START RECORDS SHOWN
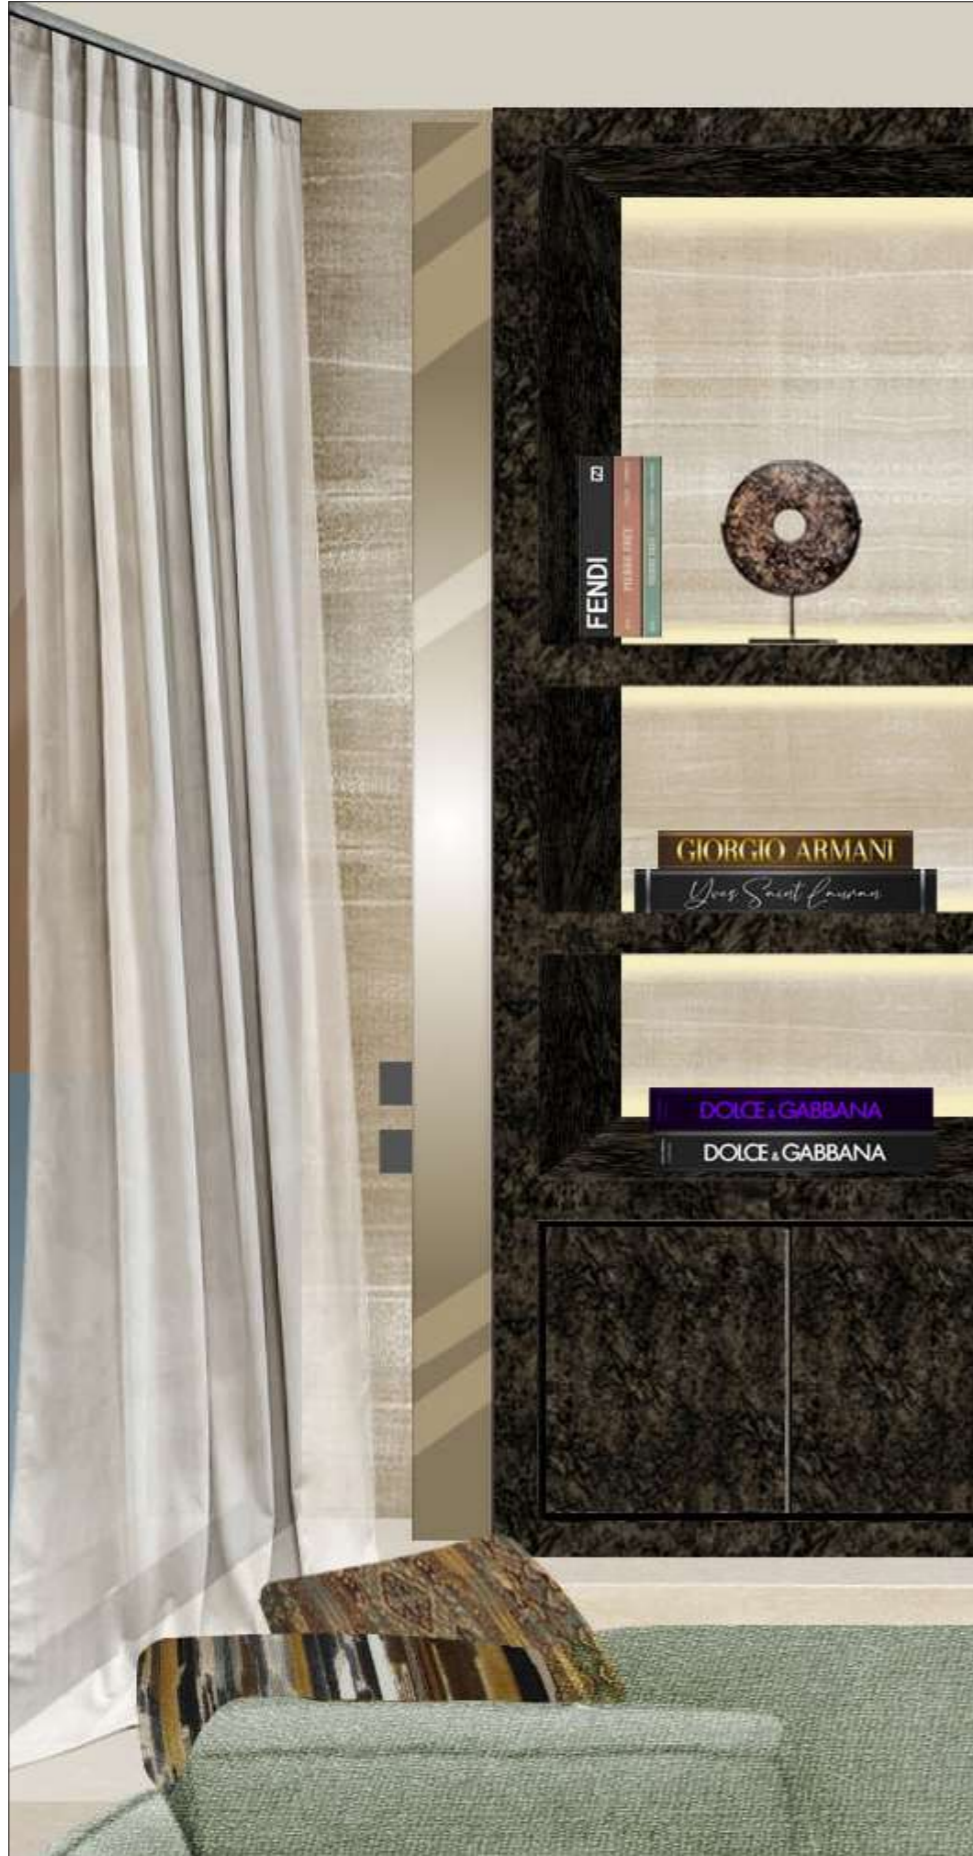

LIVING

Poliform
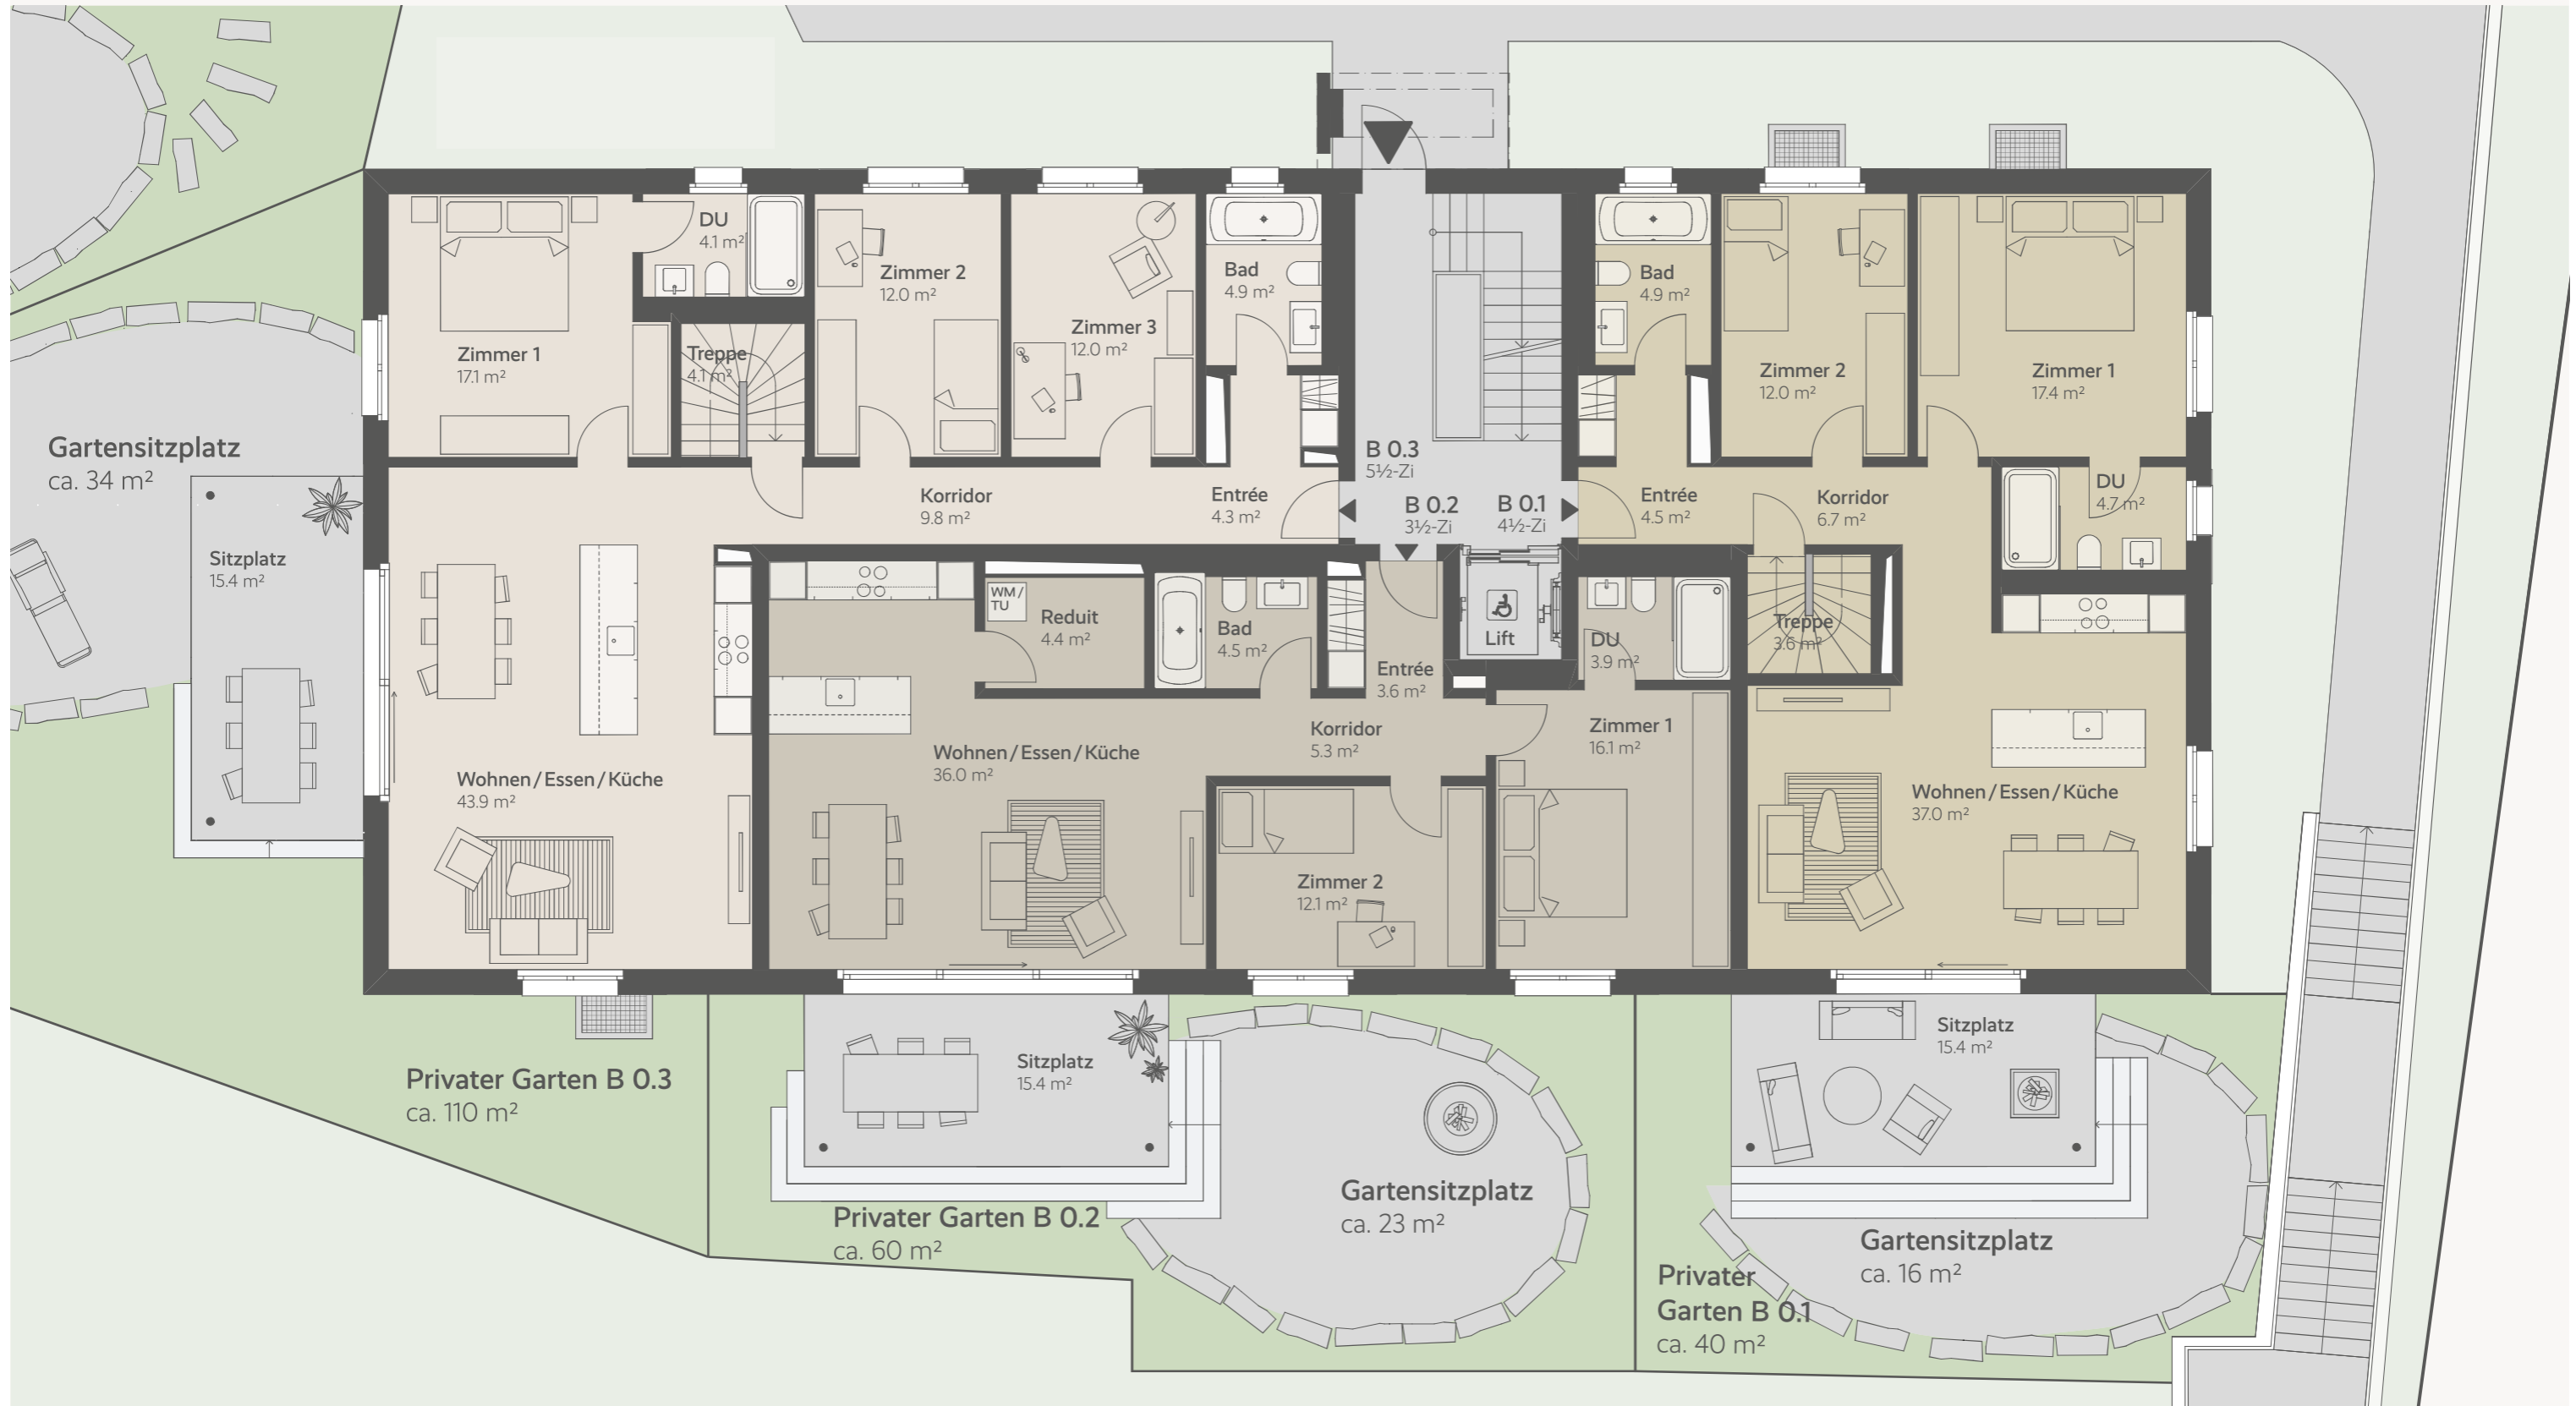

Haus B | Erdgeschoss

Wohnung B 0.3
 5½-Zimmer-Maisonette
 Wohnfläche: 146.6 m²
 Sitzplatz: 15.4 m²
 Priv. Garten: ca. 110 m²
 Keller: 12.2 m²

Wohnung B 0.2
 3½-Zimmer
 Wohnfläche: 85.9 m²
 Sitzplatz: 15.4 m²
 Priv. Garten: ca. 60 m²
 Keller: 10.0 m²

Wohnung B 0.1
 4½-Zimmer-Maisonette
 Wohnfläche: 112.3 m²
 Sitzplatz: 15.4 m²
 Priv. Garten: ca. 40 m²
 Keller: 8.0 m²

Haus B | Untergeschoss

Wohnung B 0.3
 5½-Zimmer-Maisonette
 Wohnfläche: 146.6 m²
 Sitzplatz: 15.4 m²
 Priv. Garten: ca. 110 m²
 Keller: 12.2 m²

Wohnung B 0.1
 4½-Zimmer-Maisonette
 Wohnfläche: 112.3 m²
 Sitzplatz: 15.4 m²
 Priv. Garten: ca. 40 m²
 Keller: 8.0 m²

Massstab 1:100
END RECORDS SHOWN
Word for word, return the entries above, but without any pictures.

LIVING

Poliform

Haus B | Erdgeschoss

Wohnung B 0.3
 5½-Zimmer-Maisonette
 Wohnfläche: 146.6 m²
 Sitzplatz: 15.4 m²
 Priv. Garten: ca. 110 m²
 Keller: 12.2 m²

Wohnung B 0.2
 3½-Zimmer
 Wohnfläche: 85.9 m²
 Sitzplatz: 15.4 m²
 Priv. Garten: ca. 60 m²
 Keller: 10.0 m²

Wohnung B 0.1
 4½-Zimmer-Maisonette
 Wohnfläche: 112.3 m²
 Sitzplatz: 15.4 m²
 Priv. Garten: ca. 40 m²
 Keller: 8.0 m²

Haus B | Untergeschoss

Wohnung B 0.3
 5½-Zimmer-Maisonette
 Wohnfläche: 146.6 m²
 Sitzplatz: 15.4 m²
 Priv. Garten: ca. 110 m²
 Keller: 12.2 m²

Wohnung B 0.1
 4½-Zimmer-Maisonette
 Wohnfläche: 112.3 m²
 Sitzplatz: 15.4 m²
 Priv. Garten: ca. 40 m²
 Keller: 8.0 m²

Massstab 1:100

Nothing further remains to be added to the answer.